In terms of the present policy considerations, there is a similar worry about the weakness of manufacturing investment over the past few years, and the potential for business sector investment overall to slow in the future. The MPC probably cannot today rein back consumer demand due to fears about the sustainability of consumer balance sheets, without exacerbating the problems of the business sector. As is so often the case, we have to balance risks against each other – the risk of having to handle a sharp consumer adjustment, against the risk of impairing supply side developments over the next cycle.

Conclusions

In the above discussion, I have distinguished first between imbalances which might be of concern for monetary policy makers, and others which should be tackled by government agencies responsible for delivering microeconomic policies, either nationally or regionally. Indeed, some imbalances which are commonly commented on (the divergence between the manufacturing and service sectors, for example) are not imbalances at all, but merely long-established differences of performance which sometimes proceed at a faster rate than others. This may or may not be desirable in terms of the development of the UK’s supply-side, but does not necessarily pose any special problems for monetary policy.

I have also set out a number of arguments to demonstrate why it would be wrong to argue that policy should not be set in a way which worsens imbalances. The present imbalance between consumer demand and industrial production is rather a deliberate result of policy to sustain growth. It is far from clear that all periods of economic imbalance necessarily end in tears, although of course it is true that imbalances cannot go on simply getting larger and larger. But there are underlying fundamentals which will eventually drive that correction, and attempting to pre-empt this by policy action suggests that the policy makers have a high degree of certainty about where the imbalances ought to be at any point in time. The clear relevance of imbalances, as indeed of any trends in the economy, is what they suggest about the future path of the economy, and therefore of inflation.

If that is right, all that commentators mean when they say that imbalances create problems for the MPC is that they make forecasting more difficult. In my experience forecasting is always very difficult, and is not especially harder just because there are imbalances. What does make forecasting much harder, are uncertainties about political developments, such as are faced at the present time.

In summary, my view is that some of the rhetoric about imbalances is based on the idea that the economy is like a ball balanced on top of a pyramid, which will inevitably topple off if it moves too far in one direction. But my view is that it is more like a bicycle, on which the rider is always being thrown off balance by bumps in the road or sharp corners – but often manages to correct quite big shocks and only occasionally falls off. In that limited sense I am optimistic about the present situation in the UK. I am not convinced that the imbalances are so large, and so unlikely to self-correct, that we are about to fall off the bike.

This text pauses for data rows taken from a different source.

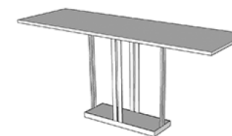

OB - BROWN ONYX (PRICE CAT. E1)

OW - WHITE ONYX (PRICE CAT. F)

ONYX FINISHES

METAL FINISHES

STAINLESS STEEL
 BLOND METAL
 BLACK GLASS

GLASS FINISHES

ALTERNATIVE DESIGNS

RECTANGULAR COFFEE TABLE

SQUARE COFFEE TABLE

CONSOLE

ELBA COFFEE TABLE

Ø112 x H40

W142 x D92 x H40

MR-ELBA-COF-001-001 W112 x D112 x H40

ELBA SIDE TABLE

Ø72 x H55

W72 x D72 x H55

MR-ELBA-COF-002-001

ELBA CONSOLE

W160 x D56 x H75

SUPPLIER: Italian

PRICING: CAT A - Lower Price
 CAT F - Higher Price

ESTIMATED LEAD TIME: 7 Weeks*

BESPOKE: NO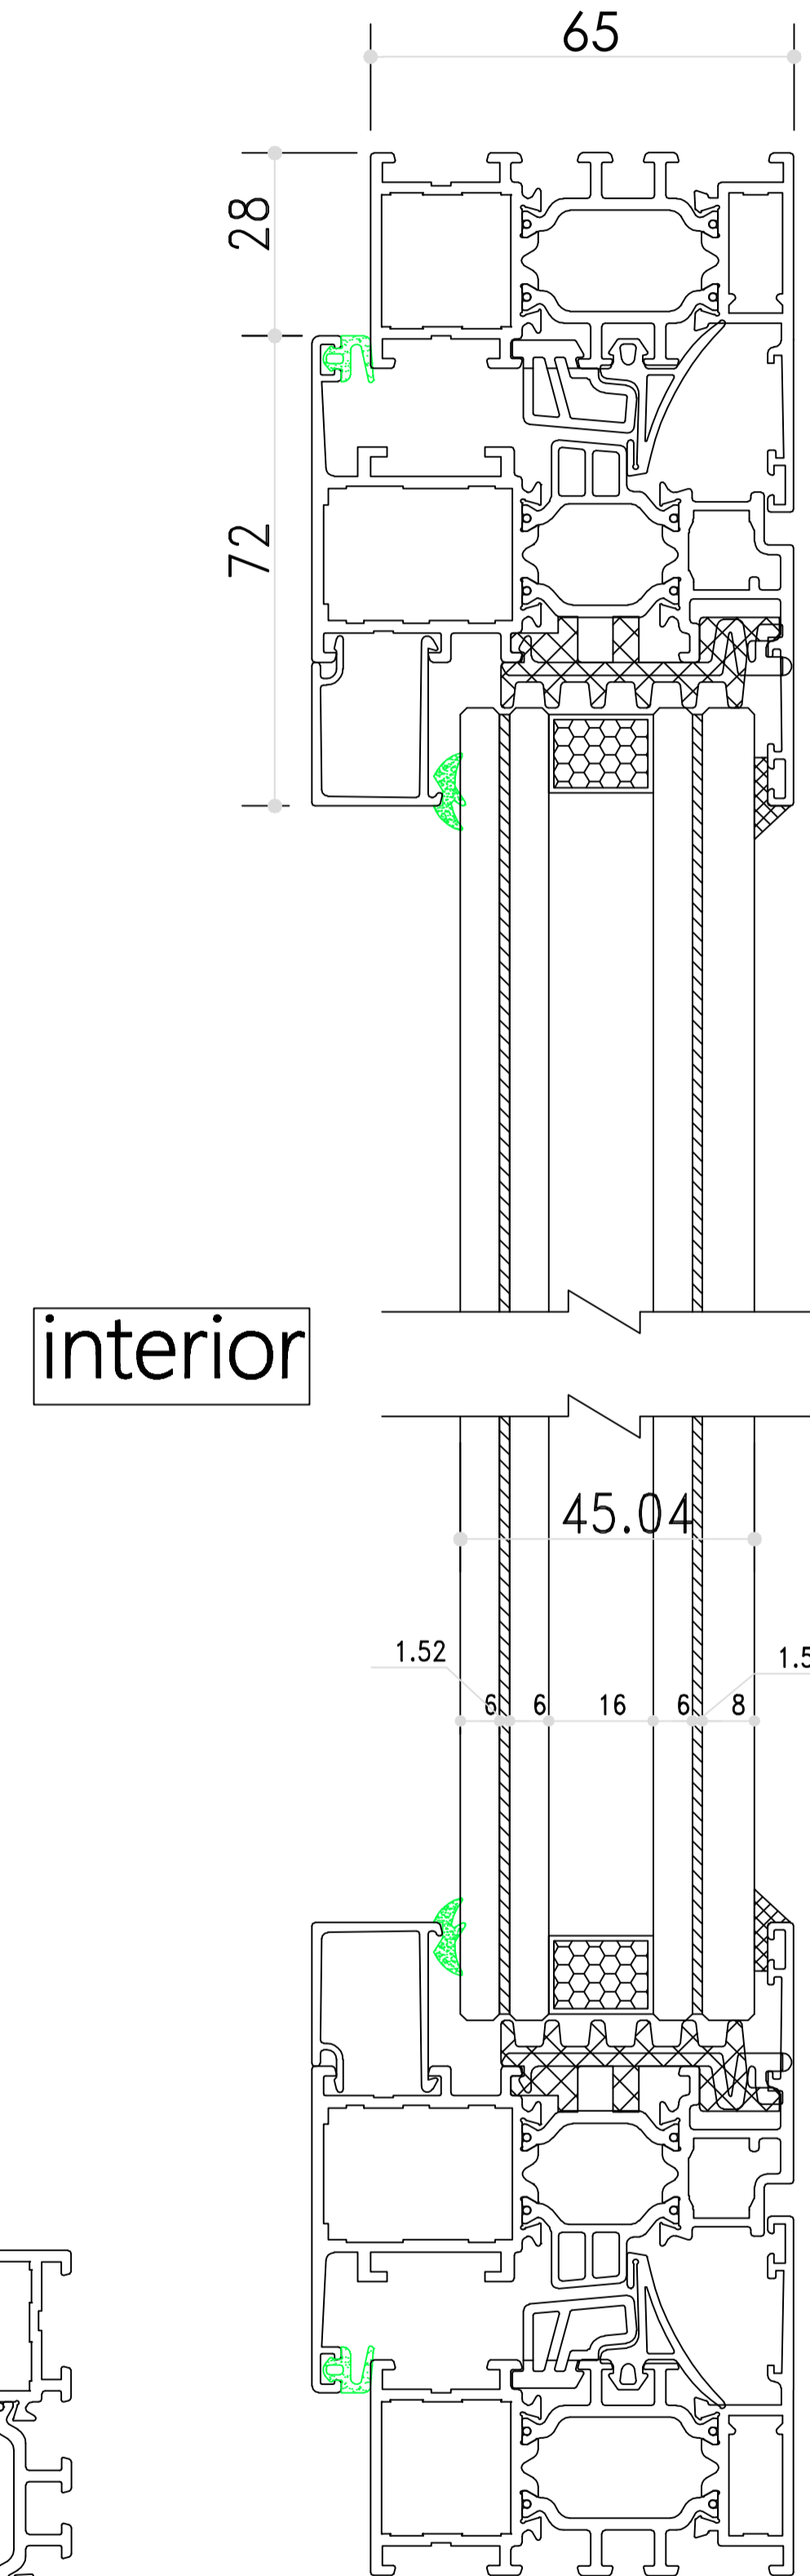

SECTION DRAWING
Aliplast Ecofutural Series - Tilt&Turn Window(65 mm frame)

VigorSpace Aluminium Window & Door

info@vigorspace.com

www.vigorspace.com

Project	
Builder	
Drawing Section Drawing	
Designer	Shen
Approved	
View	Exterior View
Version No.	
Date	

REVISE & CHANGE RECORD		
No.	Date	Description
1		
2		
3		
4		
Remark		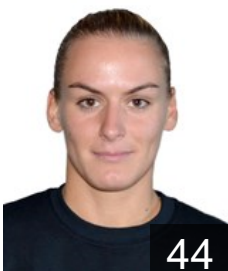

Position: Left Back
Place of birth: Vushtrri
Date of birth: 02.10.1985
Height: 175 cm

 KOS

Kupina Yilka

Position:
Place of birth: Ferizaj
Date of birth: 10.11.1987
Height: 171 cm

10

 KOS

Misini Sara

Position: Right Back
Place of birth: Ferizaj
Date of birth: 29.06.1996
Height: 163 cm

9

 MKD

Peshevaska Sanja

Position: Line Player
Place of birth: Kercove
Date of birth: 02.09.1986
Height: 177 cm

8

 KOS

Rogova Edona

Position: Goalkeeper
Place of birth: Gjakove
Date of birth: 08.11.1988
Height: 175 cm

44

 KOS

Salihu Adriana

Position: Left Wing
Place of birth: Ferizaj
Date of birth: 08.04.1993
Height: 165 cm

71

CLUB COMPETITIONS - DELEGATION LIST

Women's European Cup - EHF Cup 2015/16

 KOS KHF Kastrioti - Players

 KOS

Stagova Aida

Position: Left Back
Place of birth: Prishtine
Date of birth: 07.03.1995
Height: 171 cm

 MKD

Trajkovska Nadica

Position: Back
Place of birth: Skopje
Date of birth: 01.06.1985
Height: 169 cm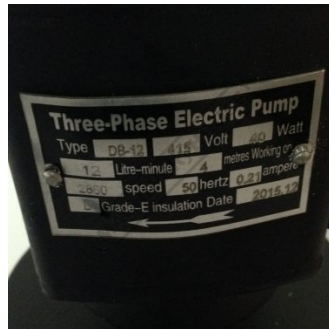

Product Brochure For 7LT5002

COOLANT PUMP - #2

Suits: AL-410

ORDER CODE:	7LT5002
MODEL:	~
Type:	~
Tank Capacity (Litre):	~
Discharge at 1 metre Lift (L/min):	~
Length (L) (mm):	~
Submerge Depth (L1) (mm):	~
4 Mount Holes (PCD) (mm):	~
Threaded Outlet (BSPT):	~
A (mm):	~
B (mm):	~
C (mm):	~
D (mm):	~
E (mm):	~
F (mm):	~
G (mm):	~
H:	~
I (mm):	~
J (mm):	~
K (mm):	~
Motor Power (hp):	~
Voltage / Amperage (V / amp):	~
Dimensions (L x W x H) (mm):	~
Nett Weight (kg):	~

Specific Features

Image 2

Image 3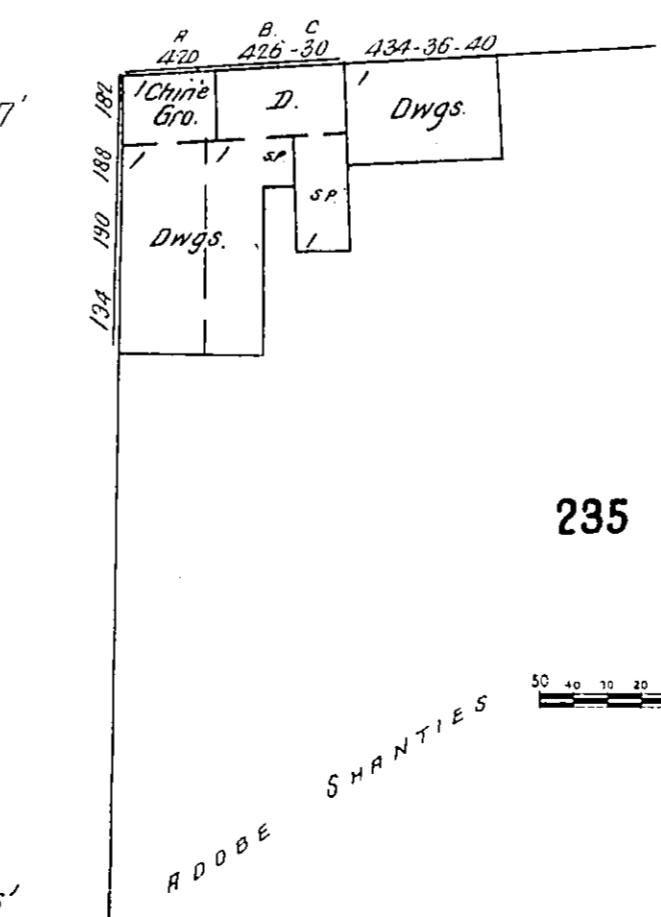

16

S. STONE AV.

18

15

MARCH 1901
TUCSON
ARIZ.

18

240

12

W. CUSHING

SIMPSON

KENNEDY

CONVENT

(St. widened)

S. MYERS

St. Mary's Sanatorium.
Located 1 1/2 miles N.W. of Town.

SCALE OF FEET.

Library of Congress

More immediately, I am concerned by the set of headwinds formed by the weak global background and the strength of sterling. In the short-term, our best efforts may not be able to maintain the speed of the bike, but there is every chance that combined with policy easing elsewhere they will bear fruit in bringing about a recovery. Policy-making today, as ever, is not about targeting imbalances, but how best to set interest rates in the short-term to keep inflation on track over the medium-term.